Make sure you link your social content to relevant pages on your website.

Part 2 – Site Structure and Navigation

Structure your content for search engines

Search engines will scan and index your page text and images, and index them as best they can. But you can also do things to make it easier for them, and to help them create an accurate picture. This will reflect in the image of your site that they project to their users.

  • If you want to rank well for any topic, create a separate page for it.
  • Provide appropriate schema tags (also known as semantic markup or rich snippets) on all your pages, ideally in JSON-LD format. These tags provide the main data elements of the page (such as product name, price and availability) in a structured format that is easier for search engines to read. Sellerdeck versions from v18.0.0 onwards include these tags as standard.
  • Make sure all your pages speak with one voice. The page content, the schema tags and the HTML tags must be consistent with one another and tell the same story. See ‘How do I ensure my page content is internally consistent?’

How do I create a search engine-friendly page for each product?

Having a single page devoted to one product gives you the best chance to achieve good rankings for that product.

Sellerdeck Desktop will automatically generate a single page for a product and manage the links to that page, provided ‘Generate A Separate Page Just For This Product’ is ticked in the ‘Product Page’ tab of the Product Details. (This is the default setting for new products unless ‘‘Generate A Separate Page For Each Product’ is unticked in Business Settings > Options.)

For a better user experience without damaging your SEO, Sellerdeck Swift displays the product details in a more compact, user-friendly tabbed format – whilst still enabling the whole page content to be indexed by search engines.

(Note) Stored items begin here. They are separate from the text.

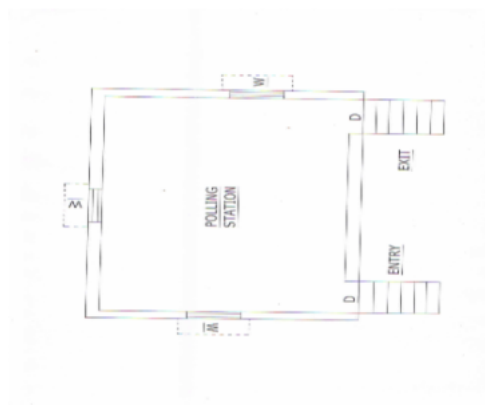

নির্বাচক নিবন্ধন আধিকারিকের স্বাক্ষর

Nazri Naksha

Google Map View

Polling Station Building Front View

Polling Station Front View

Cad View

Key MAP View

1 নাম : সজাতা নন্দী (কুন্ডু) স্বামীর নাম: সোমনাথ নন্দী বাড়ির নং : n0150 বয়স : 28 লিঙ্গ : মহিলা	TCK1829878 ফটো উপলব্ধ	2 নাম : অর্চনা কুন্ডু স্বামীর নাম: আনন্দ গোপাল কুন্ডু বাড়ির নং : n0026 বয়স : 60 লিঙ্গ : মহিলা	WB/40/280/537461 ফটো উপলব্ধ	3 নাম : সোমা রানি চ্যাটার্জী স্বামীর নাম: সোমনাথ চ্যাটার্জী বাড়ির নং : এন0023 বয়স : 31 লিঙ্গ : মহিলা	TCK2528388 ফটো উপলব্ধ
4 নাম : চুমকি কুণ্ডু স্বামীর নাম: তারক কুণ্ডু বাড়ির নং : এন0027 বয়স : 25 লিঙ্গ : মহিলা	TCK2528461 ফটো উপলব্ধ	5 নাম : রীতা কুন্ডু স্বামীর নাম: বিকাশ কুন্ডু বাড়ির নং : n0023 বয়স : 51 লিঙ্গ : মহিলা	TCK2835817 ফটো উপলব্ধ	6 নাম : দেবশ্রী(পাল) কুন্ডু স্বামীর নাম: শৈলেন কুন্ডু বাড়ির নং : n0027 বয়স : 34 লিঙ্গ : মহিলা	TCK1672898 ফটো উপলব্ধ
7 নাম : শৈলেন কুণ্ডু পিতার নাম: নীলকন্ঠ কুণ্ডু বাড়ির নং : n0027 বয়স : 36 লিঙ্গ : পুরুষ	TCK1071422 ফটো উপলব্ধ	8 নাম : তারক কুণ্ডু পিতার নাম: নীলকন্ঠ কুণ্ডু বাড়ির নং : n0027 বয়স : 39 লিঙ্গ : পুরুষ	TCK1071414 ফটো উপলব্ধ	9 নাম : নীলকন্ঠ কুন্ডু পিতার নাম: ননীগোপাল কুন্ডু বাড়ির নং : n0027 বয়স : 60 লিঙ্গ : পুরুষ	WB/40/280/537347 ফটো উপলব্ধ
10 নাম : ধর্মরাজ কুন্ডু পিতার নাম: বিদ্যুৎ কুন্ডু বাড়ির নং : n0027 বয়স : 44 লিঙ্গ : পুরুষ	JNR2983724 ফটো উপলব্ধ	11 নাম : সন্দ্যা কুন্ডু স্বামীর নাম: বিদ্যুৎ কুন্ডু বাড়ির নং : n0027 বয়স : 70 লিঙ্গ : মহিলা	WB/40/280/537367 ফটো উপলব্ধ	12 নাম : বিদ্যুৎ কুন্ডু পিতার নাম: ননীগোপাল কুন্ডু বাড়ির নং : n0027 বয়স : 75 লিঙ্গ : পুরুষ	TCK2710267 ফটো উপলব্ধ
13 নাম : দেবশীষ কুন্ডু পিতার নাম: আনন্দ গোপাল কুন্ডু বাড়ির নং : n0026 বয়স : 49 লিঙ্গ : পুরুষ	WB/40/280/537233 ফটো উপলব্ধ	14 নাম : শিখা কুন্ডু স্বামীর নাম: কেনাকড়ি কুন্ডু বাড়ির নং : n0024 বয়স : 46 লিঙ্গ : মহিলা	JNR2983716 ফটো উপলব্ধ	15 নাম : সোমা কুন্ডু স্বামীর নাম: দেবশীষ কুন্ডু বাড়ির নং : n0026 বয়স : 36 লিঙ্গ : মহিলা	JNR3096724 ফটো উপলব্ধ
16 নাম : বিকাশ চন্দ্র কুন্ডু পিতার নাম: কার্তিকচন্দ্র কুন্ডু বাড়ির নং : n0023 বয়স : 64 লিঙ্গ : পুরুষ	TCK2616811 ফটো উপলব্ধ	17 নাম : শুভাশীষ কুন্ডু পিতার নাম: আনন্দ গোপাল কুন্ডু বাড়ির নং : n0026 বয়স : 47 লিঙ্গ : পুরুষ	JNR1895143 ফটো উপলব্ধ	18 নাম : তৃপ্তি কুণ্ডু স্বামীর নাম: শুভাশীষ কুণ্ডু বাড়ির নং : এন0026 বয়স : 39 লিঙ্গ : মহিলা	JNR2983708 ফটো উপলব্ধ
19 নাম : সুদীপ্ত কুণ্ডু পিতার নাম: শুভাশীষ কুণ্ডু বাড়ির নং : এন0026 বয়স : 21 লিঙ্গ : পুরুষ	TCK2690709 ফটো উপলব্ধ	20 নাম : টুকু(দে) কর্মকার স্বামীর নাম: রামকৃষ্ণ কর্মকার বাড়ির নং : n0003 বয়স : 32 লিঙ্গ : মহিলা	TCK1565704 ফটো উপলব্ধ	21 নাম : কার্তিক কর্মকার পিতার নাম: মানগোবিন্দ কর্মকার বাড়ির নং : এন0004 বয়স : 21 লিঙ্গ : পুরুষ	TCK2631158 ফটো উপলব্ধ
22 নাম : প্রানকৃষ্ণ কর্মকার পিতার নাম: জয়দেব কর্মকার বাড়ির নং : n0003 বয়স : 48 লিঙ্গ : পুরুষ	JNR2526234 ফটো উপলব্ধ	23 নাম : সৌরভ হাজারা পিতার নাম: বিধান হাজারা বাড়ির নং : এন0004 বয়স : 24 লিঙ্গ : পুরুষ	TCK2528412 ফটো উপলব্ধ	24 নাম : সাবিত্রী কর্মকার স্বামীর নাম: ননী গোপাল কর্মকার বাড়ির নং : n0004 বয়স : 50 লিঙ্গ : মহিলা	WB/40/280/537663 ফটো উপলব্ধ
25 নাম : জ্যোৎস্না কর্মকার স্বামীর নাম: মানগোবিন্দ কর্মকার বাড়ির নং : n0004 বয়স : 40 লিঙ্গ : মহিলা	JNR2987436 ফটো উপলব্ধ	26 নাম : মানগোবিন্দ কর্মকার পিতার নাম: শ্রীদাম কর্মকার বাড়ির নং : n0004 বয়স : 49 লিঙ্গ : পুরুষ	JNR2526259 ফটো উপলব্ধ	27 নাম : ননীগোপাল কর্মকার পিতার নাম: শ্রীদাম কর্মকার বাড়ির নং : n0004 বয়স : 60 লিঙ্গ : পুরুষ	TCK2703916 ফটো উপলব্ধ
28 নাম : সুব্রত নন্দী পিতার নাম: সাধন নন্দী বাড়ির নং : n0003 বয়স : 35 লিঙ্গ : পুরুষ	TCK1367937 ফটো উপলব্ধ	29 নাম : মনোজ সাঁতরা পিতার নাম: ফটিক সাঁতরা বাড়ির নং : n0003 বয়স : 35 লিঙ্গ : পুরুষ	TCK1367929 ফটো উপলব্ধ	30 নাম : রামকৃষ্ণ কর্মকার পিতার নাম: জয়দেব কর্মকার বাড়ির নং : n0003 বয়স : 46 লিঙ্গ : পুরুষ	JNR1433143 ফটো উপলব্ধ

To upgrade your site to Sellerdeck Swift you need the Sellerdeck Swift Extension, which is free for Cover and Sellerdeck 365 subscribers.

How can product reviews and ratings improve my SEO?

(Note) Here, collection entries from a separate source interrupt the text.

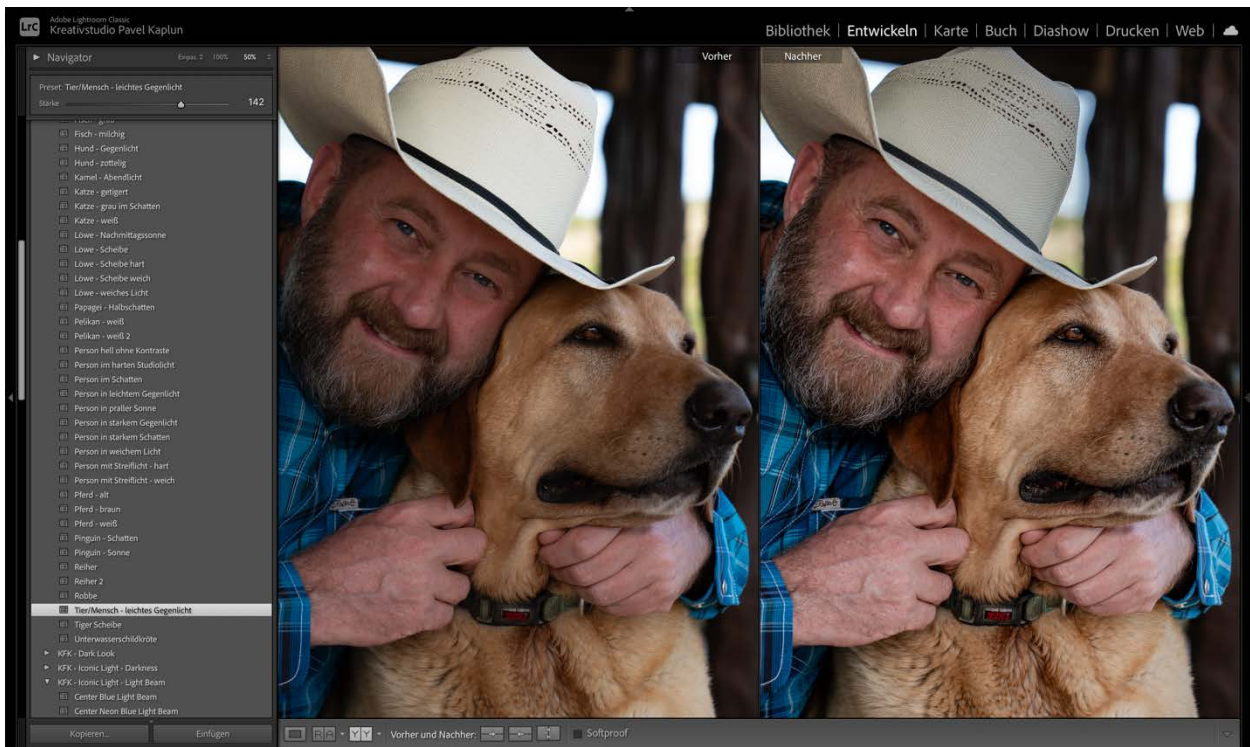

PERSON IN PRALLER SONNE

PERSON IN STARKEM GEGENLICHT

PERSON IN STARKEM SCHATTEN

PERSON IN WEICHEM LICHT

PERSON MIT STREIFLICHT – HART

PERSON MIT STREIFLICHT – WEICH

PFERD - ALT

PFERD - BRAUN

PFERD - WEIß

PINGVIN - SCHATTEN

PINGUIN - SONNE

REH & CO.

REIHER

ROBBE

TIER/MENSCH – LEICHTES GEGENLICHT

TIGER SCHEIBE

UNTERWASSERSCHILDKRÖTE

Product ratings from an approved Google partner, such as Feefo, can appear in search results for your pages. Such ratings have been shown to improve clickthrough rates to the pages that display them.

Positive reviews will also improve your actual page rank in local search.

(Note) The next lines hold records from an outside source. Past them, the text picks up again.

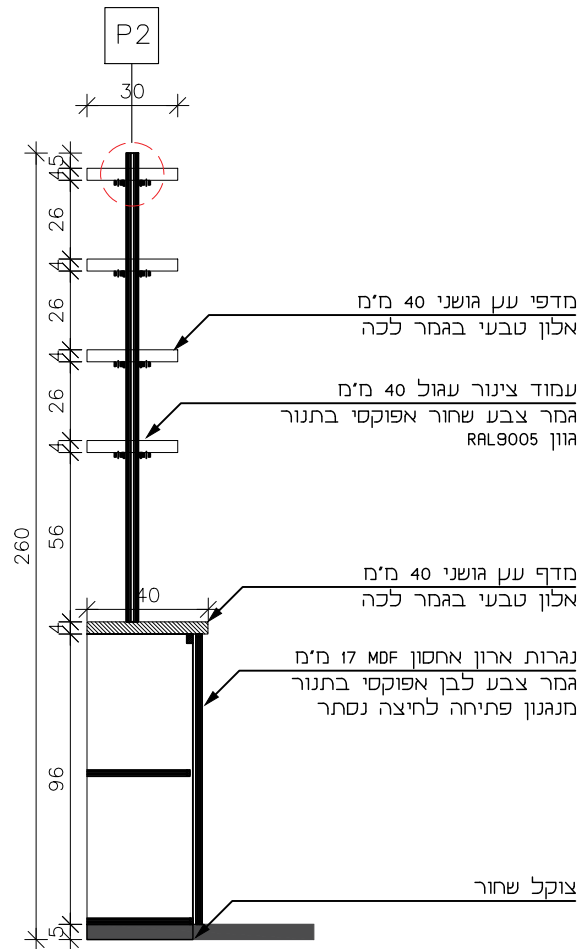

NITZAN REFAELI
Idea.Experience.Audience.

www.studionitzan.com
nitzandesign@gmail.com
+972 52 3577357

גוש עציון - חלל השיבה

נג
102

מיקום	קבלה/ קפיטריה
מידות	40x315 ס"מ לגובה 105 ס"מ
כמות	1

פרט 02 - חיבור מדף-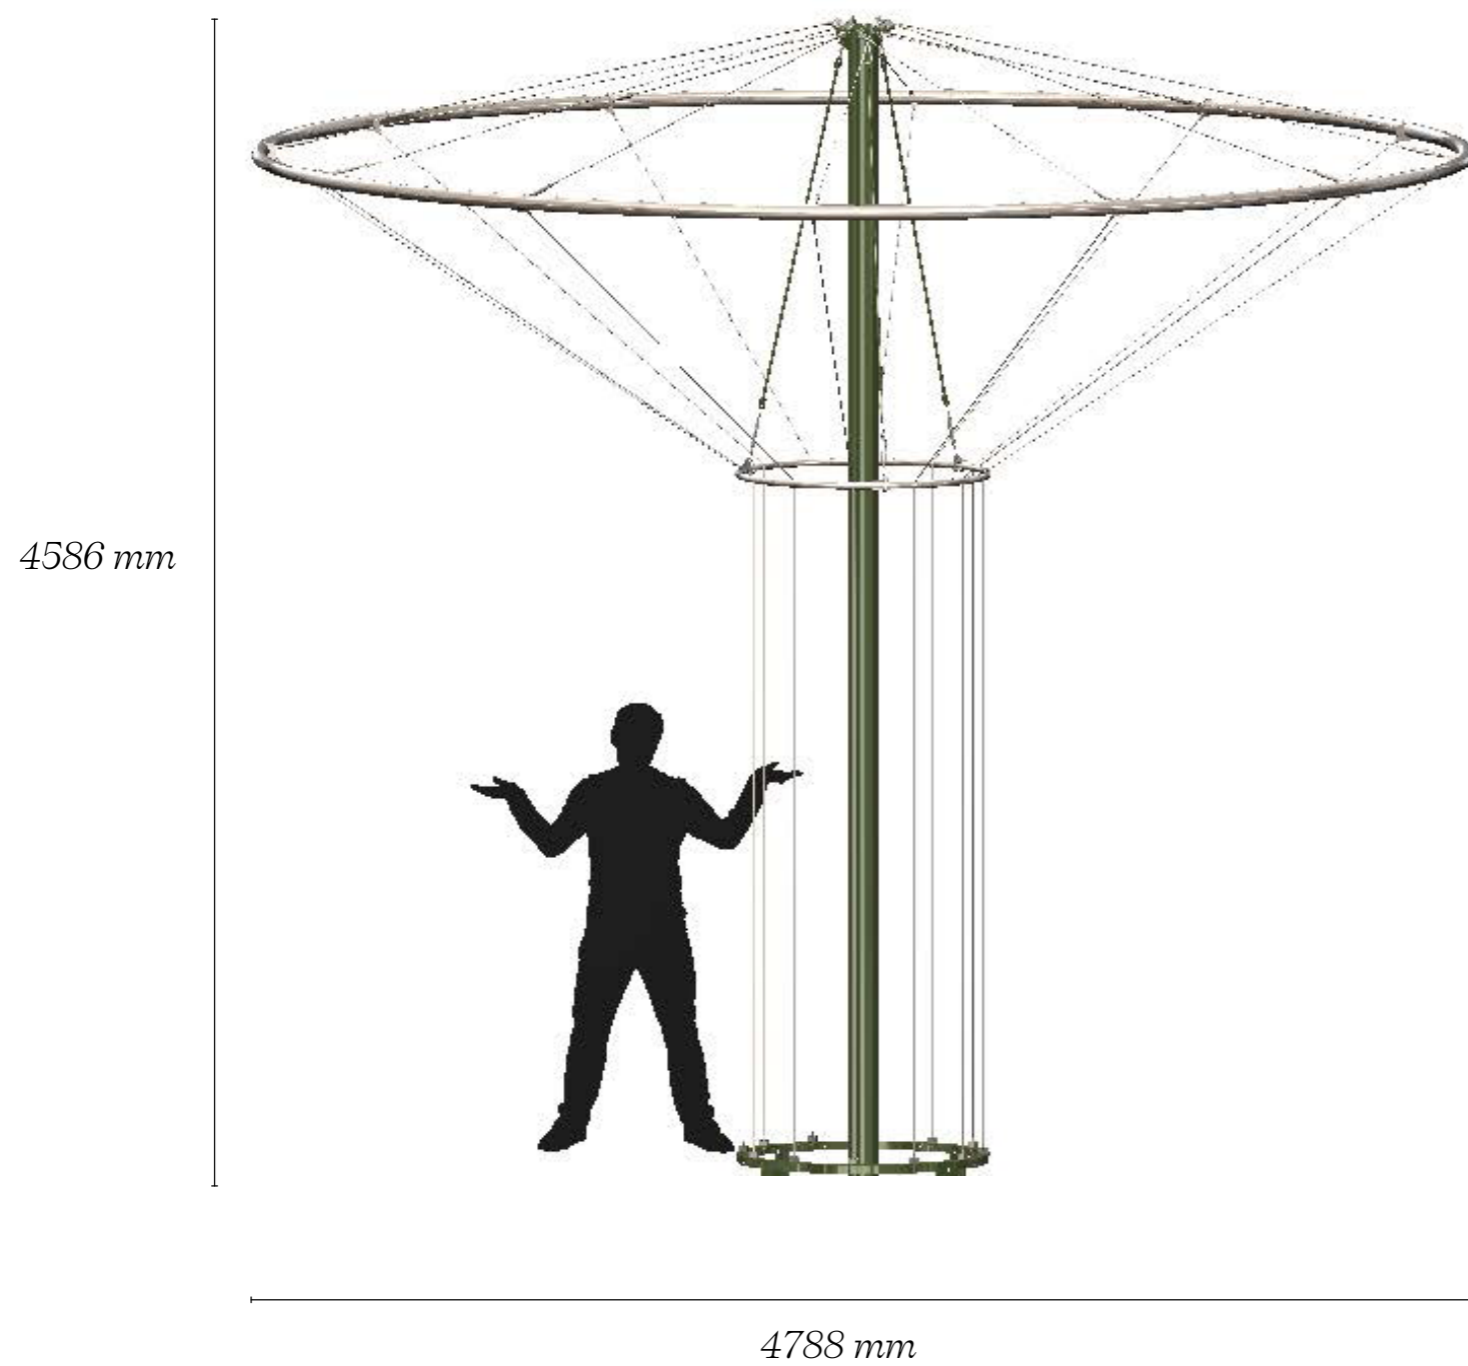

Med Arbory kommer fördelar som ökad biodiversitet, snabbare tillväxt och mindre behov av jordvolym. Genom att kombinera olika klätterväxter tillför Arbory grönska som både förändrar stadsbilden och bidrar med viktiga ekosystemtjänster: skugga, svalka, luftrening, bullerdämpning och dagvattenhantering.

Arbory skapar liv och karaktär i stadsmiljön. Ett flexibelt verktyg som gör det möjligt att förvandla utmaningar till möjligheter och ge våra städer den grönska de så väl behöver.

Klätterväxter erbjuder en effektiv lösning för trånga stadsområden där utrymme både ovan och under mark är hårt konkurrensutsatt. Till skillnad från stadsträdet, som kräver generösa ytor för sitt rotsystem och sin krona, klarar sig klätterväxter med bara hälften så stor jordvolym. Det gör dem till ett idealiskt alternativ på platser där ytan är begränsad, utan att kompromissa med de gröna värdena.

Arbory kan placeras på de flesta urbana platser, exempelvis på en mobil plattform med planteringar i ett växtkärl.

Arbory finns i två versioner, en markfast där stålvajrarna fästs i marken och en mobil. Finns i två versioner: markfast (t.v) och mobil (t.h).

How do I ensure my page content is internally consistent?

Search engines examine many different elements within your web pages, and use them to determine what searches the page would be relevant to.

If they get mixed or contradictory messages from different elements, that will affect your page quality score. It could result in the page not being included in the results for relevant searches; or appearing lower in the results than it would otherwise merit.

  1. When you add a new page, make sure the page name succinctly and accurately represents the intended content.
  2. The Page Title, Page Name and Main heading (enclosed by H1 tags) have a significant impact on the rankings for the page. Ideally, they should all be the same – or very similar and consistent – and not too long.
    For all of those elements, Sellerdeck Desktop uses the product name, section name or brochure page name by default – depending on the page type. If you change any of them manually, make sure you keep them consistent with each other.
  3. The same elements are used internally in navigation links to your pages (menus, product lists etc). These are maintained automatically by the software, ensuring that consistency is maintained.
  4. Use subheading tags (H2 & H3) for page subheadings, to help search engines identify the main sub-topics within the page. Sellerdeck themes use these tags out of the box for fragment headings, and for product names in product listings (ie subsection pages). Also in the terms and conditions and other relevant places.
  5. Do not repurpose a page for different content. Delete the old page and create a new one.
  6. Never change the Page Name once it has been uploaded. If you do, you will lose all your rankings for the page.